Wednesday, March 15, 2017

Budgeting out the arts

I got nothing against the arts or the humanities....I just don't think government should be supporting them.
Now National Public Radio and the Public Broadcasting Service is another story, if they are going to engage in propaganda then the groups who benefit from said propaganda should support them financially.


Trump budget proposes entirely eliminating National Endowment for the Arts
President Trump's proposed budget would cut entirely the National Endowment for the Arts and Humanities (NEA), according to a new report by The New York Times.

Federal officials told The Times that the chairwoman of the arts endowment told her staff the news Wednesday. It was reportedly met with a mix of sadness and surprise.

Chairwoman Jane Chu reportedly told staff that the arts endowment would continue business as usual as the budget process moves forward and said she called the meeting because she didn't want staff hearing from the media.

Trump's plans to eliminate the NEA were first reported in January, shortly before his inauguration.

His administration considered privatizing the Corporation for Public Broadcasting (CBP) and eliminating the National Endowment for the Arts (NEA) and National Endowment for the Humanities (NEH).

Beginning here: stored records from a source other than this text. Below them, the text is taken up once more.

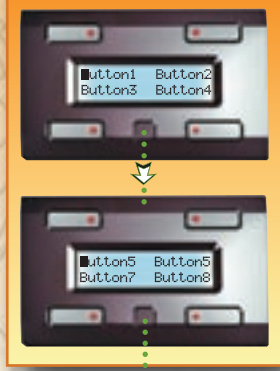

CONFIGURATION

Con. de l'horloge

Con. de l'afficheur

Con. du mode

Délai de réaction

Editeur d'étiquettes

Adressage

STRUCTURE DU MENU
DU PANNEAU DE COMMANDE
VMB4PD (Mode minuterie: off)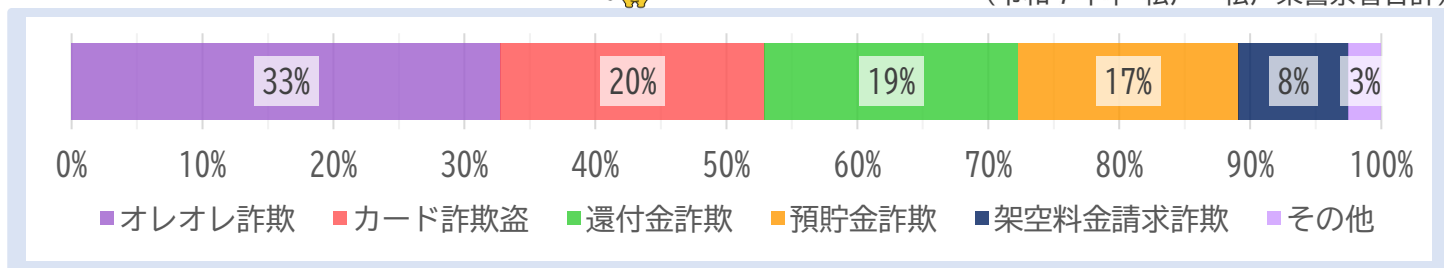

## 電話de詐欺の被害状況

### 被害件数

### 被害金額

## 電話de詐欺の被害手口

ニセ警察詐欺被害が若年層を中心に多発中です！

(令和7年中 松戸・松戸東警察署合計)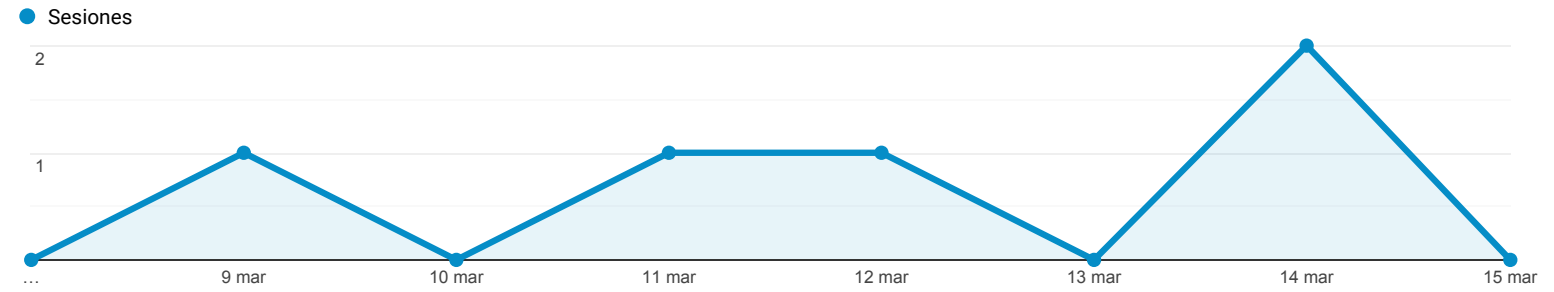

Páginas de destino

Escazu
0,00 % Entradas

8 mar 2021 - 15 mar 2021

Explorador

Resumen

Página de destino	Sesiones	Sesiones
Escazu	5 % del total: 0,00 % (185.693)	5 % del total: 0,00 % (185.693)
1. /comisiones2020/RR EE/AcuerdoEscazu/Videos/	3	60,00 %
2. /	1	20,00 %
3. /comisiones2020/RR EE/laborlegislativa/AcuerdoEscazu/	1	20,00 %

Contribución al total: Sesiones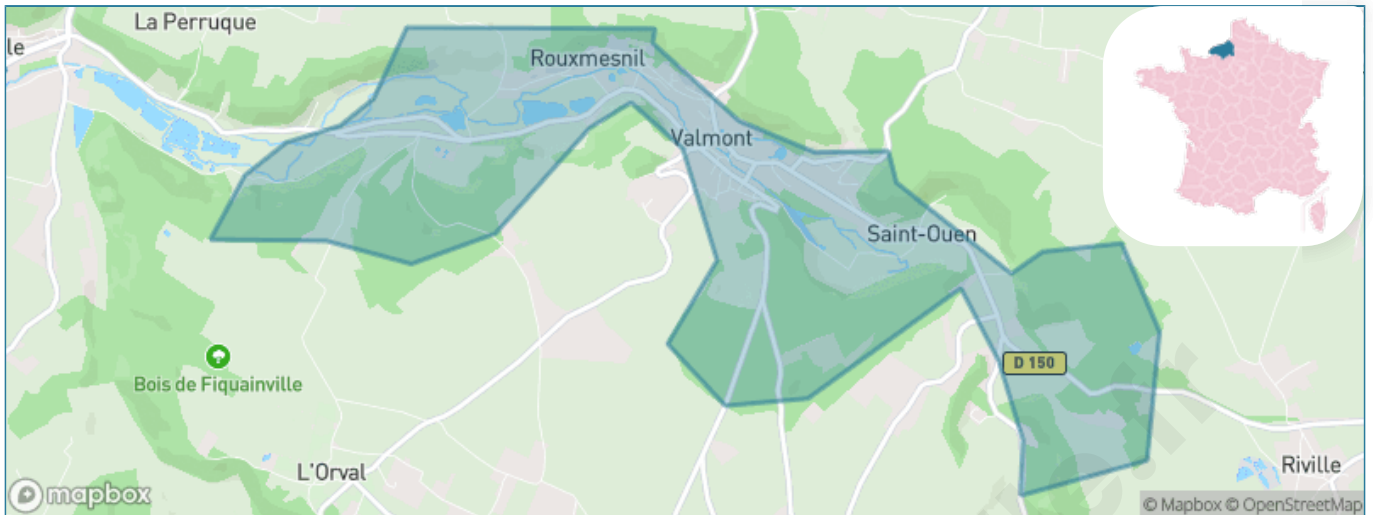

Version web

Ville de Valmont

Présenté par

BIEN dans
ma **VILLE** 

Sommaire

Situation géographique	3
Statistiques sur la population	4
Evolution du nombre d'habitants	4
Tranche d'âge	5
0-14 ans	5
15-29 ans	5
30-44 ans	5
45-59 ans	5
60-74 ans	5
75-89 ans	5
90 ans et +	5
Activité professionnelle	5
Agriculteurs	5
Artisans, Commerçants	5
Cadres et sup.	5
Professions intermédiaires	5
Employé	5
Ouvrier	5
Retraité	5
Autres	5
Niveau de diplôme	6
Sans diplôme ou CEP	6
Brevet, BEPC, DNB	6
CAP-BEP ou équivalent	6
BAC ou équivalent	6
BAC+2	6
BAC+3 ou +4	6
BAC+5 ou plus	6
Composition des ménages	6
Couple sans enfant	6
Couple avec enfant(s)	6
Famille monoparentale	6
Colocation / Autre	6
Personnes seules	6
Profils électoraux	7
Premier tour	7
Sécurité	8
Evolution du nombre d'infractions	8
Pour comparer	9
Services à la population	10
Commerce	10
Éducation	10
Villes autour de Valmont	11

Situation géographique

i Informations clés

- **Région** : Normandie
- **Département** : Seine-Maritime
- **Code postal** : 76540
- **Superficie** : 5 km²

Statistiques sur la population

Nombre d'habitants

849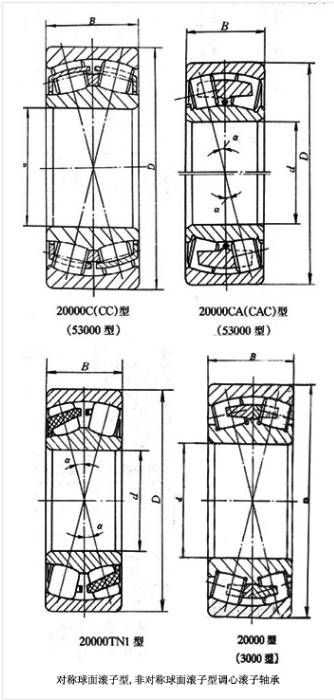

轴承型号 24144CAK30

外形尺寸(mm)

d: 220

D: 370

B: 150

极限转速(rpm)

脂润滑: -

油润滑: -

额定载荷

Cr(N): -

Cr(N): -

重量(kg) 65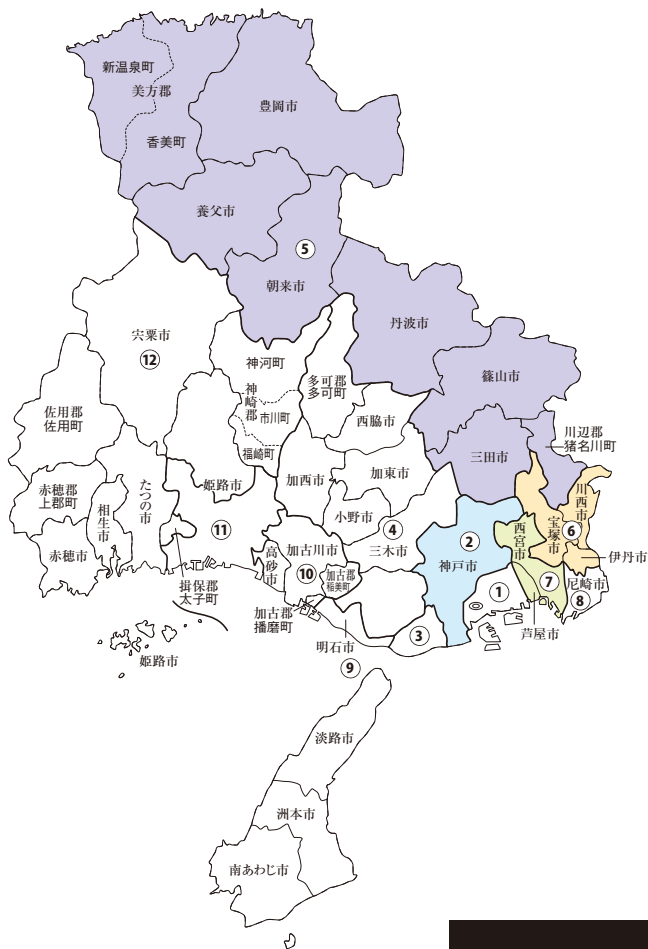

衆議院議員選挙の小選挙区が改定されました。
次の衆議院議員総選挙からは、新しい選挙区で選挙が行われます。

兵庫県

[改定前]

While public broadcasting and the two arts programs have been popular conservative targets for decades, control of both ends of Pennsylvania Avenue gives the GOP a real chance to achieve a long sought-after goal.
Funding for the national endowments is a relatively thin slice of the nearly $4 trillion federal budget. The NEA secured $148 million from the federal government in 2016, roughly the same amount requested by the National Endowment for the Humanities. 
You know some of the greatest works of art and music where created  by artists and composers who went out and found patrons:
a person who gives financial or other support to a person, organization, cause, or activity.
"Charles became a patron of Rubens and van Dyck"
They had to convince someone to support their artistic vision and pay for their time and materials. If they could find someone who felt their art was worth sponsoring then they were on easy street.
If not then tough noodles.
Taxpayers shouldn't be shouldered with the bill for someone who's "vision" is so bereft of redeeming value that they can't get a private person to embrace it financially.
Maybe it's time for the artists and humanity ....whatever they reevaluate the appeal of their respective disciplines to figure out why more wealthy people don't want to invest in them.